3D–printed implants shown to help grow ‘real bone’
Chemically coated, ceramic implants successfully guided the regrowth of missing bone in lab animals while 'steadily dissolving,' researchers report. Surgeons and scientists at NYU School of Medicine and NYU College of Dentistry say their implanted scaffolds were naturally absorbed by the test animals’ bodies as new bone gradually replaced the devices. The research team describes its progress in a series of reports, the latest of which appears in the Journal of Tissue Engineering and Regenerative Medicine.
Modeled after the bone pieces they are meant to help replace, the implants were assembled onsite using three-dimensional robotic printing, a technology that uses a fine-point print head to push out a gel-like ink material.
The material is printed onto a platform, and the printer repeats the process until two-dimensional layers stack up into a three-dimensional object, which is then superheated into its final ceramic form. Available for more than a decade, the technology has only of late been applied in medicine to print out replacement ears, skin, and heart valves.
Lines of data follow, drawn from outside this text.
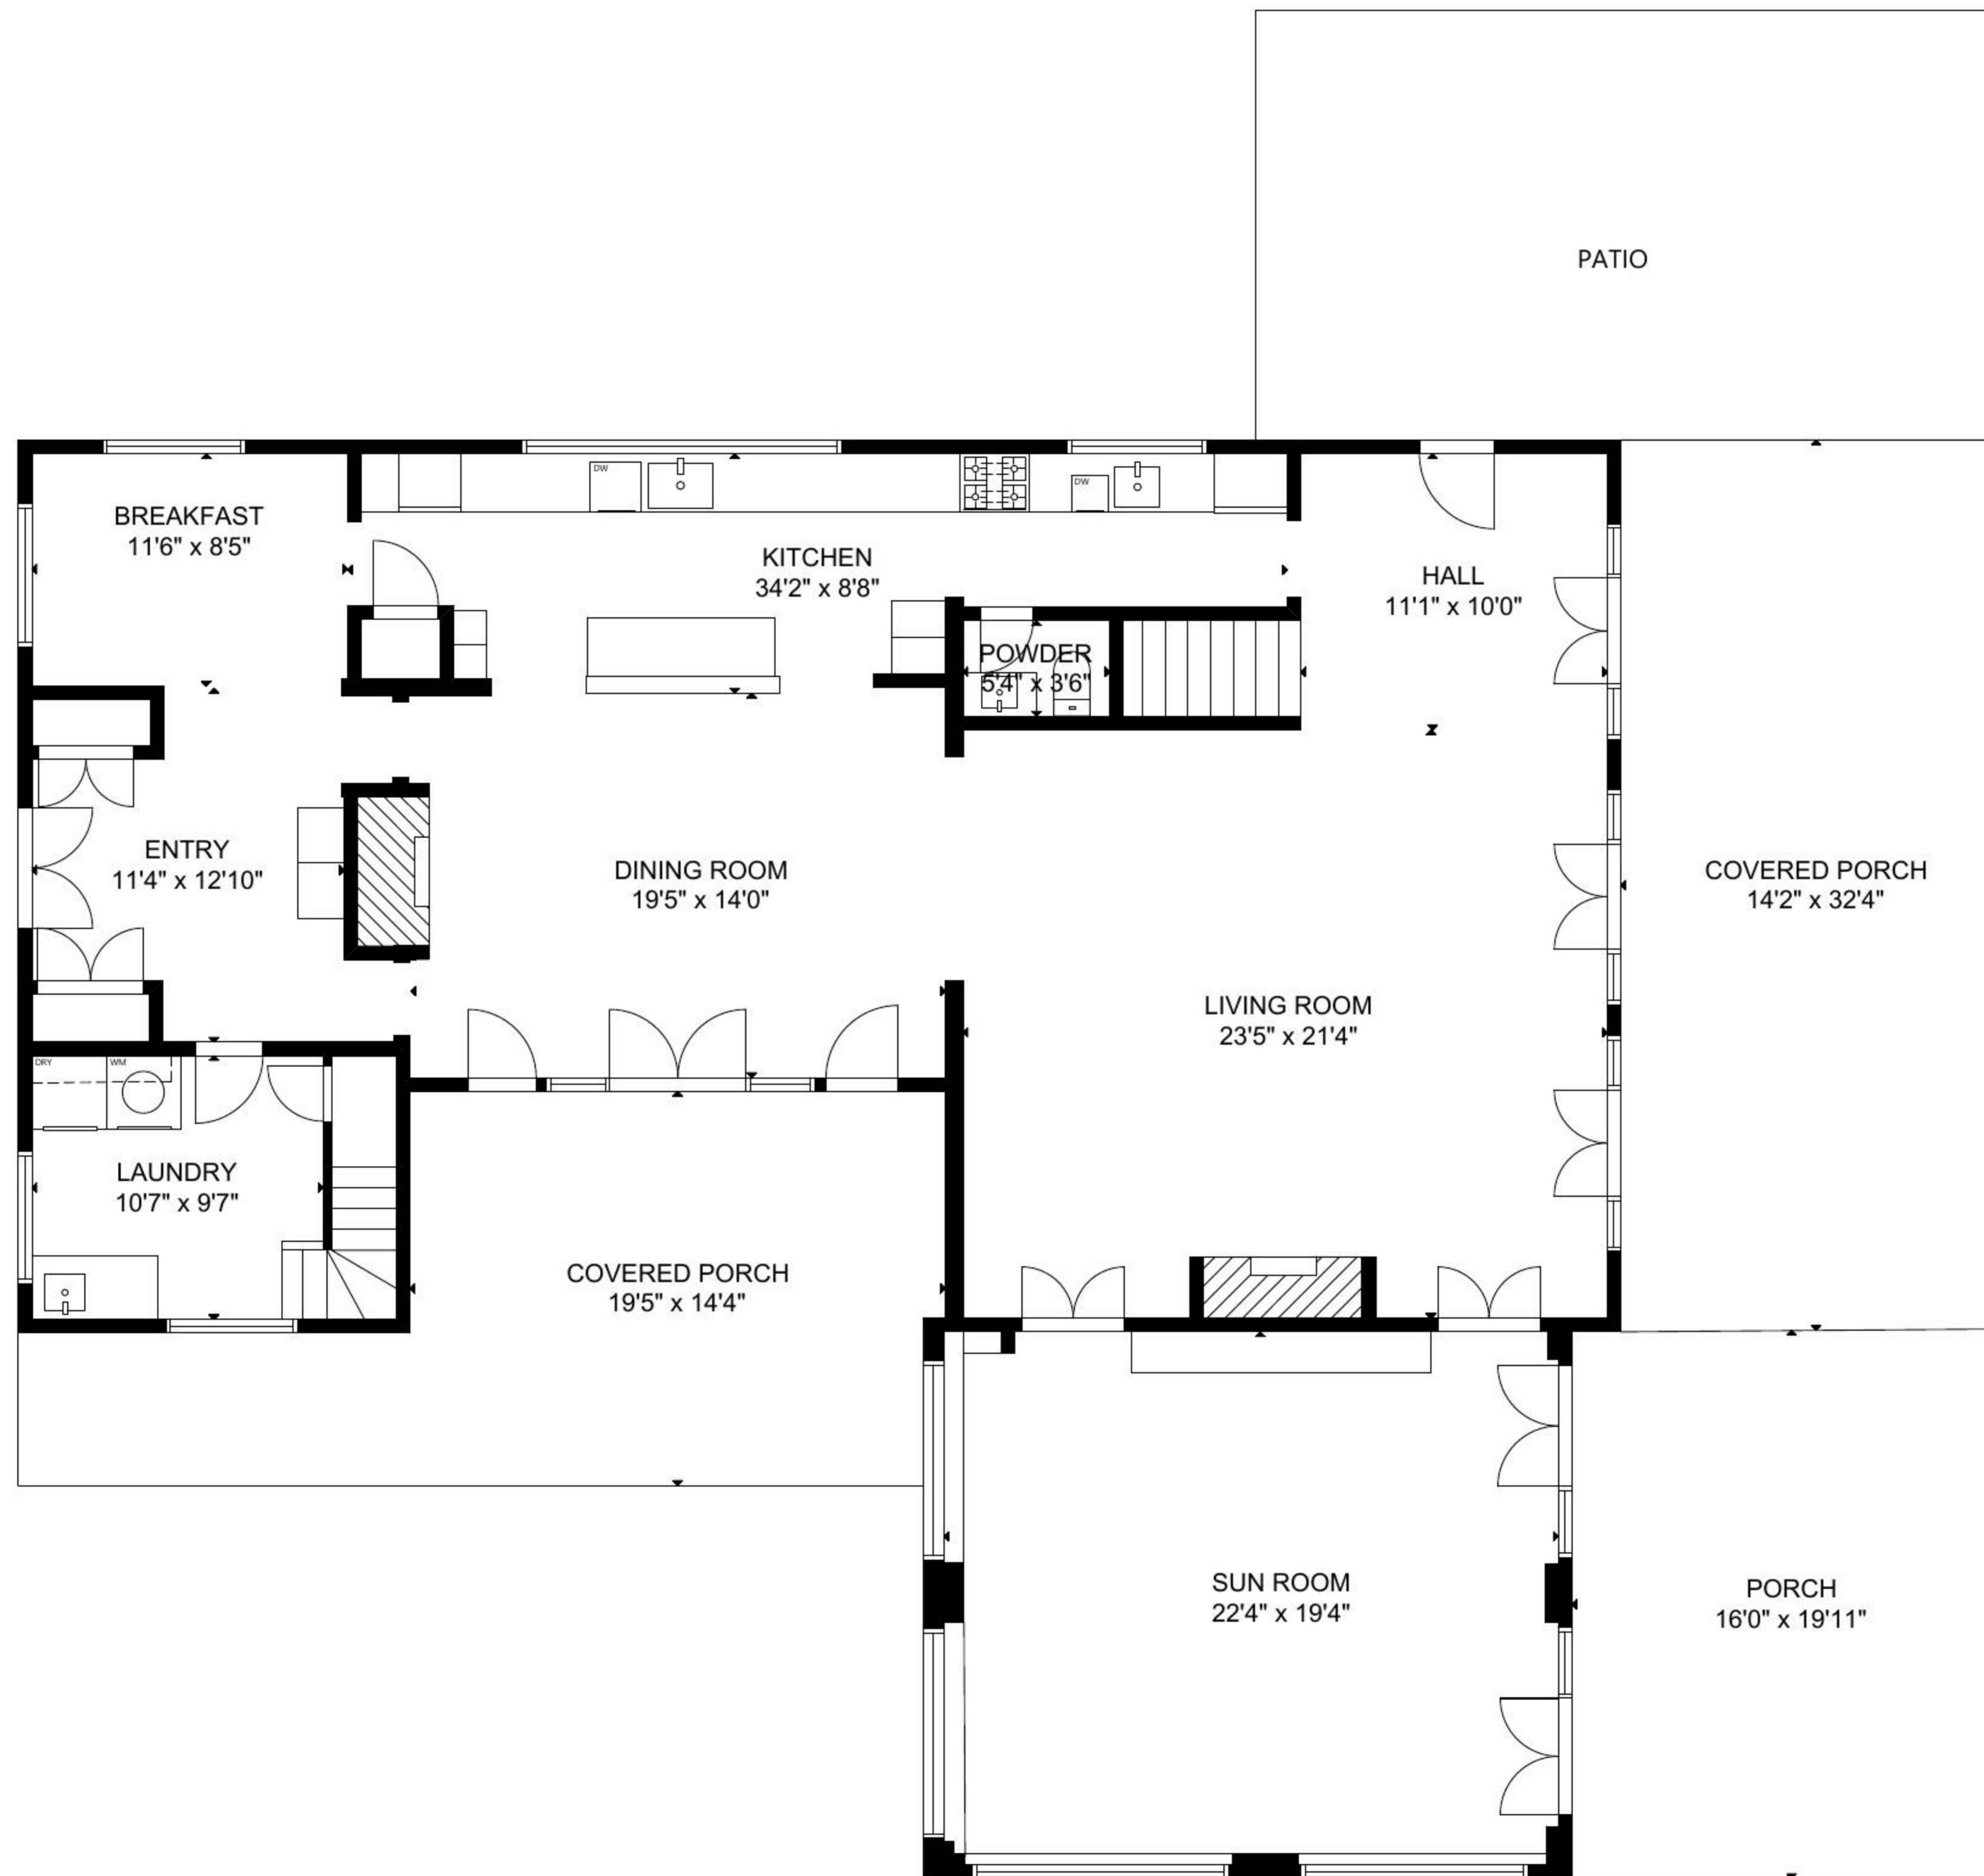

GROSS INTERNAL AREA  
 FIRST FLOOR: 2,058+/- sq. ft.  
 SECOND FLOOR: 2,645+/- sq. ft.  
 FIRST AND SECOND FLOOR LIVING SPACE: 4,703+/- sq. ft.  
 THIRD FLOOR RECREATION/STORAGE AREA: 1,740+/- sq. ft.  
 SIZE AND DIMENSIONS ARE APPROXIMATE, ACTUAL MAY VARY.

“Our three-dimensional scaffold represents the best implant in development because of its ability to regenerate real bone,” said study senior investigator and biomedical engineer Paulo G. Coelho, DDS, PhD.
“Our latest study results move us closer to clinical trials and potential bone implants for children living with skull deformations since birth, as well as for veterans seeking to repair damaged limbs,” added Dr. Coelho, who is the Dr. Leonard I. Linkow Professor at NYU Dentistry and a professor of plastic surgery at NYU School of Medicine.
The scientists say their novel ceramics more closely resemble real bone shape and composition than other experimental bone implants in which plastic elasticisers are added to make the implant flex. Although the ability to flex offers some advantages, the plastic does not have the same healing ability as the NYU scaffold.
An important feature of the ceramic devices is that they are made of beta tricalcium phosphate, a compound of the same chemicals found in natural bone that makes the implants resorbable.
One of the secrets to the rapid growth of native bone with the NYU devices is a coating of dipyridamole, a blood thinner shown in other experiments to speed up bone formation by more than 50%.
The chemical also attracts bone stem cells, which spur the formation of nourishing blood vessels and bone marrow within the newly grown bone. These soft tissues, researchers say, lend to their scaffold-grown bone the same flexibility as natural bone.
“Dipyridamole has proven to be key to the implant’s success,” said study co-investigator Bruce N. Cronstein, MD, the Dr. Paul R. Esserman Professor of Medicine at NYU School of Medicine, who perfected the drug’s use during device testing.
Used for more than a half-century to prevent blood clots and treat stroke, dipyridamole has a long-standing safety record, said Dr. Cronstein, who also serves as the director of the Clinical and Translational Science Institute, and chief of the Division of Translational Medicine at NYU Langone Health.
“And because the implant is gradually resorbed, the drug is released a little at a time and locally into the bone, not into the whole body, thereby minimising risks of abnormal bone growth, bleeding, or other side effects.”
In the latest experiments, researchers used the test scaffolds to repair small holes surgically made in the skulls of mice and missing bone pieces as long as 1.2cm in rabbit limbs and jaws.
The scientists found that on average 77% of each scaffold was resorbed by the mammal’s body 6 months after implantation. They also found that new bone grows into the lattice-like structural supports of the scaffold, which then dissolves.
Some CT scans of the implant sites showed almost no trace of beta tricalcium phosphate, the three-dimensional–printed material of which the original implants were made.
Subsequent weight-bearing tests showed that the new bone was of equivalent strength as original, undamaged bone. The investigators say their next studies will test the scaffolds, for which they have a patent pending, in larger animals. They caution that clinical trials are still several years away.